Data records
---

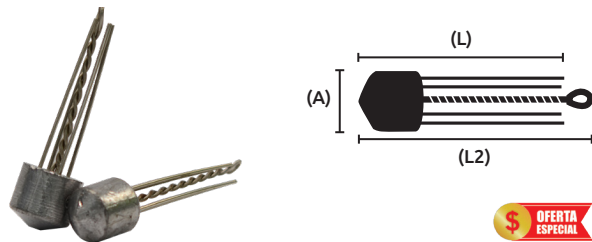

Unidad: 1 pieza.

Plomos tipo señuelo

OFERTA ESPECIAL

Código	Número	Medidas mm			Peso x pieza (g)	Precio
		L	X	A		
15PLOMOS076QI	QY06	76	x	3	40	\$37.12
15PLOMOS077QI		92	x	4	70	\$76.56
15PLOMOS078QI		106	x	5	100	\$69.60

Unidad: 1 pieza. Master: 100 piezas.

Plomos con argolla

INCLUYE ANZUELO

OFERTA ESPECIAL

Código	Número	Medidas mm		Peso x pieza (g)	Precio
		A	L		
15PLOMOS079QI	LP01	44	10	\$577.68	
15PLOMOS080QI		52	15	\$583.48	
15PLOMOS081QI		57	20	\$613.64	
15PLOMOS082QI		62	25	\$621.76	

Unidad: 5 piezas. Master: 100 piezas.

Plomos para pesca "4 PUNTAS"

OFERTA ESPECIAL

Código	Número	Medidas mm				Peso x pieza (g)	Precio
		A	X	L	L2		
15PLOMOS138QI	4ZX04	18	62	69	28	\$73.08	
15PLOMOS139QI		21	66	71	55	\$89.32	
15PLOMOS140QI		21	75	84	85	\$102.08	
15PLOMOS141QI		23	77	85	115	\$110.20	
15PLOMOS142QI		25	99	109	142	\$127.60	
15PLOMOS143QI		28	97	107	170	\$148.48	

Unidad: 1 pieza. Master: 100 piezas.

Plomos para pesca con gancho

OFERTA ESPECIAL

Código	Número	Medida mm	Peso por Pieza (g)	Peso por Blister (g)	Precio
		L	Pieza (g)	Blister (g)	
15PLOMOS147QI	QTGO	17	0.4	8	\$47.56
15PLOMOS148QI		19	0.5	9	\$47.56
15PLOMOS149QI		24	1	16	\$47.56

---

§ Exercise goal
Each record above goes into the copy word for word; the pictures do not.

§ Result
Unidad: 1 pieza.

Plomos tipo señuelo

OFERTA ESPECIAL

Código	Número	Medidas mm			Peso x pieza (g)	Precio
		L	X	A		
15PLOMOS076QI	QY06	76	x	3	40	\$37.12
15PLOMOS077QI		92	x	4	70	\$76.56
15PLOMOS078QI		106	x	5	100	\$69.60

Unidad: 1 pieza. Master: 100 piezas.

Plomos con argolla

INCLUYE ANZUELO

OFERTA ESPECIAL

Código	Número	Medidas mm		Peso x pieza (g)	Precio
		A	L		
15PLOMOS079QI	LP01	44	10	\$577.68	
15PLOMOS080QI		52	15	\$583.48	
15PLOMOS081QI		57	20	\$613.64	
15PLOMOS082QI		62	25	\$621.76	

Unidad: 5 piezas. Master: 100 piezas.

Plomos para pesca "4 PUNTAS"

OFERTA ESPECIAL

Código	Número	Medidas mm				Peso x pieza (g)	Precio
		A	X	L	L2		
15PLOMOS138QI	4ZX04	18	62	69	28	\$73.08	
15PLOMOS139QI		21	66	71	55	\$89.32	
15PLOMOS140QI		21	75	84	85	\$102.08	
15PLOMOS141QI		23	77	85	115	\$110.20	
15PLOMOS142QI		25	99	109	142	\$127.60	
15PLOMOS143QI		28	97	107	170	\$148.48	

Unidad: 1 pieza. Master: 100 piezas.

Plomos para pesca con gancho

OFERTA ESPECIAL

Código	Número	Medida mm	Peso por Pieza (g)	Peso por Blister (g)	Precio
		L	Pieza (g)	Blister (g)	
15PLOMOS147QI	QTGO	17	0.4	8	\$47.56
15PLOMOS148QI		19	0.5	9	\$47.56
15PLOMOS149QI		24	1	16	\$47.56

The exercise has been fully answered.